What you have to do: Transcribe word for word the lines below from the line with "### Medidas (Al x L x An)" through the line with "Mueble para bowl Tantra 60 cm", ends included.

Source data
+ + + +

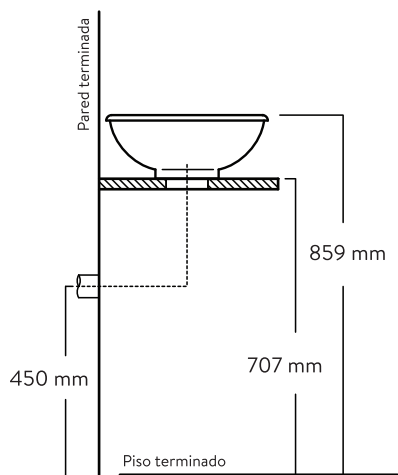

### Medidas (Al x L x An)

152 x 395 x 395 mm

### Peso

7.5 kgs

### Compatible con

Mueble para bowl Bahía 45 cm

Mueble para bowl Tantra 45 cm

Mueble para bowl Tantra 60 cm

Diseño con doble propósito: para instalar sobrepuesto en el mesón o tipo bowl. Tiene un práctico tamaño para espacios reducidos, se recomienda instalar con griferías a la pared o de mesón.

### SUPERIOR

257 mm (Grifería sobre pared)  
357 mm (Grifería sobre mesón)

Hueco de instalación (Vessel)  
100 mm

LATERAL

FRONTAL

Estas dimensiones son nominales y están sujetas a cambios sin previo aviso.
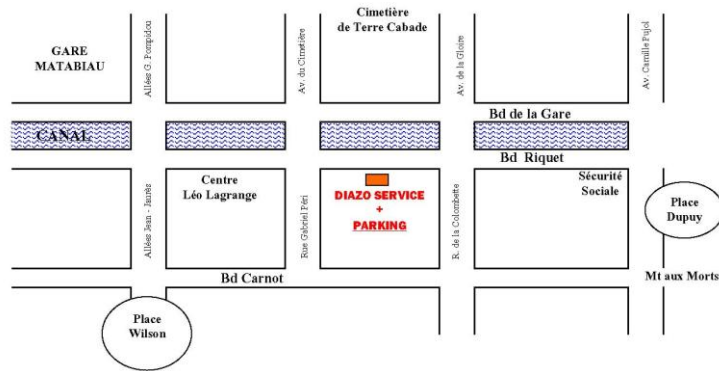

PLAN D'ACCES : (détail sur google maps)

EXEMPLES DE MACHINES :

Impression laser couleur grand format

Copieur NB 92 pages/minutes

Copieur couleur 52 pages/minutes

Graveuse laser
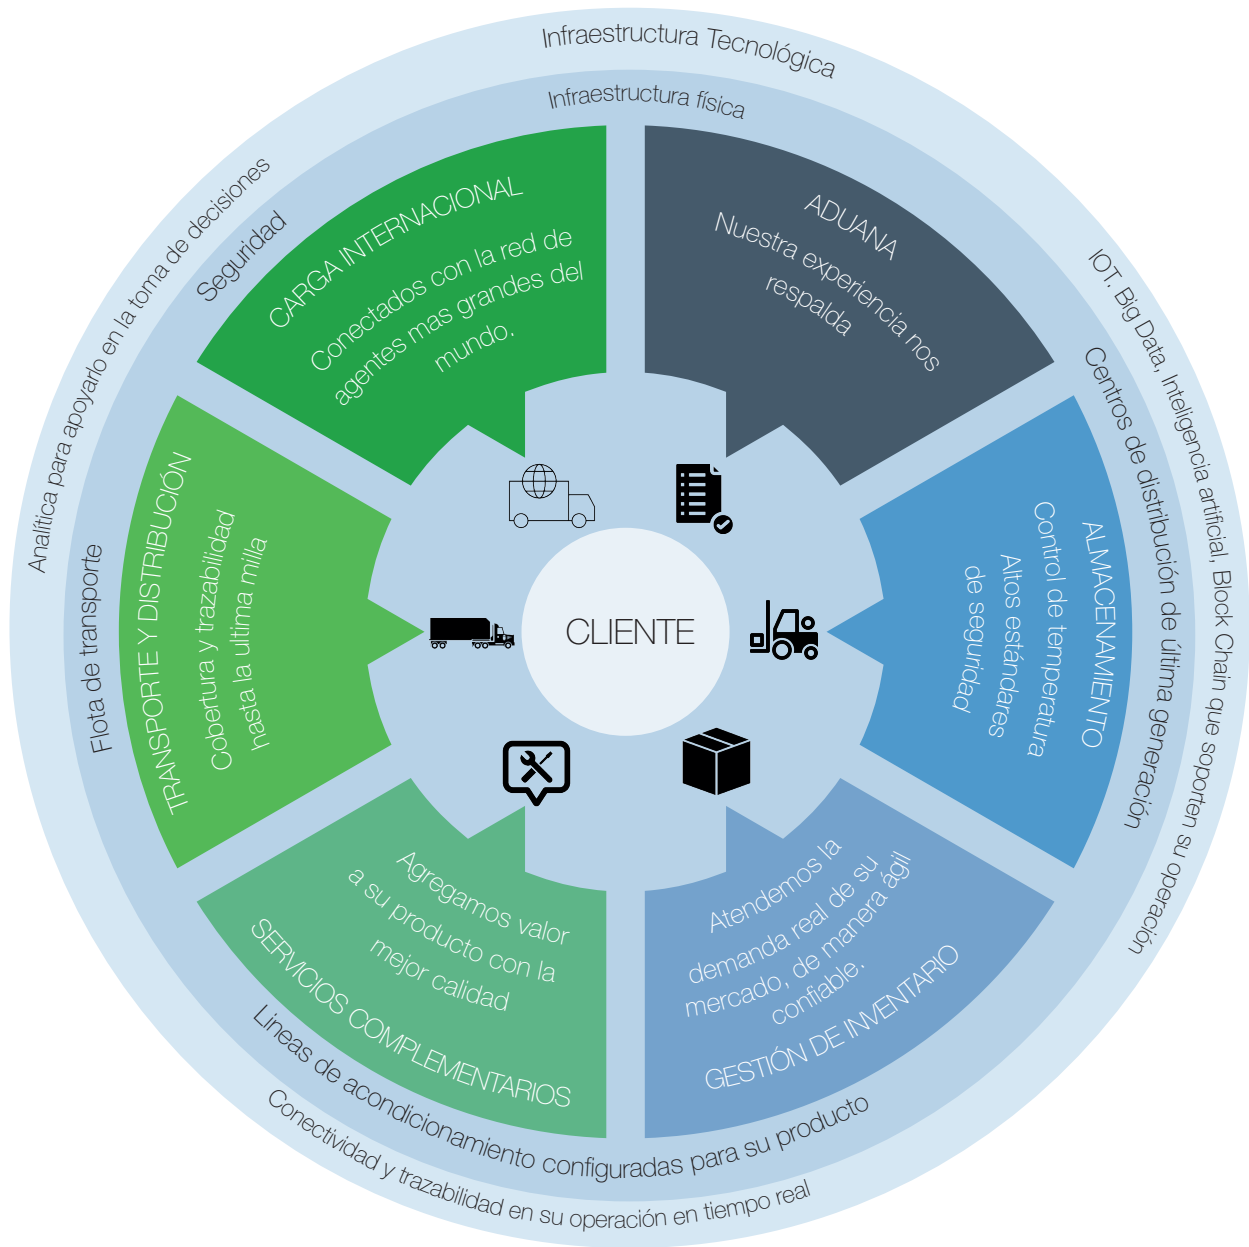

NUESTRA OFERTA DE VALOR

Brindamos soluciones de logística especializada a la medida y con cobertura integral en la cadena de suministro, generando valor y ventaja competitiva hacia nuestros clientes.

+ + + +

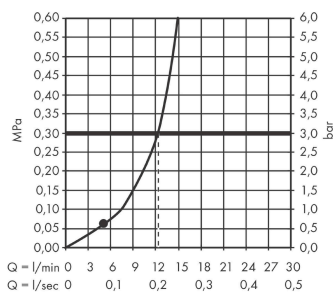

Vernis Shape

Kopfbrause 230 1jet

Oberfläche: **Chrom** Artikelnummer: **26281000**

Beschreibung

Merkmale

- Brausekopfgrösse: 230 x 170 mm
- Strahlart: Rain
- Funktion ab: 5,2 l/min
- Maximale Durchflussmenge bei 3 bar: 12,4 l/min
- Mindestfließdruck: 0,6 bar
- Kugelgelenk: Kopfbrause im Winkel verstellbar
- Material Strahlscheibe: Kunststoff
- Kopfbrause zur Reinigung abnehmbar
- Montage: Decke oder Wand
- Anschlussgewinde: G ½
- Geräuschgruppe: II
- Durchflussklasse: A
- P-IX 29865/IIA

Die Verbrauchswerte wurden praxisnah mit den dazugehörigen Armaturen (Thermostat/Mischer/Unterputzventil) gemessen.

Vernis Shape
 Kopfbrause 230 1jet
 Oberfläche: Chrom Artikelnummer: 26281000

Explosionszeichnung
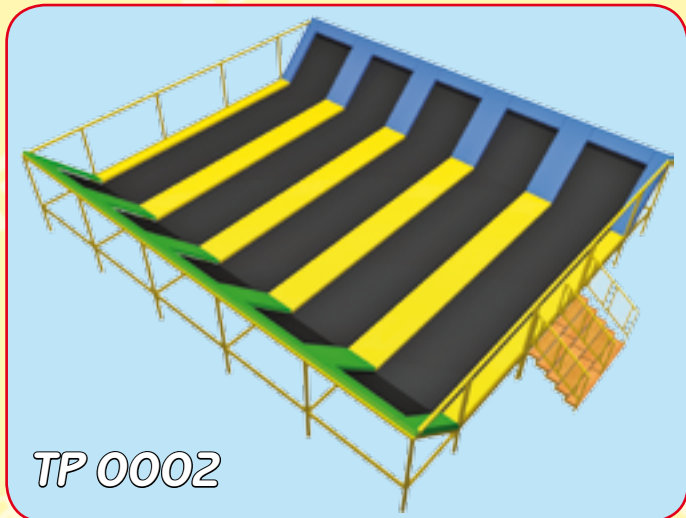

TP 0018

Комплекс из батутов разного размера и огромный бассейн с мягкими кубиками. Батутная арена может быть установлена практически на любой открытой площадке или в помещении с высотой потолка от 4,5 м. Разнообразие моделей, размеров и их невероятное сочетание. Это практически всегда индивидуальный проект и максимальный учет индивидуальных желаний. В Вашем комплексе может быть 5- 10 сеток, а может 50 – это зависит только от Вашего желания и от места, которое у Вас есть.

+ + + +

Answer:
### Medidas (Al x L x An)

152 x 395 x 395 mm

### Peso

7.5 kgs

### Compatible con

Mueble para bowl Bahía 45 cm

Mueble para bowl Tantra 45 cm

Mueble para bowl Tantra 60 cm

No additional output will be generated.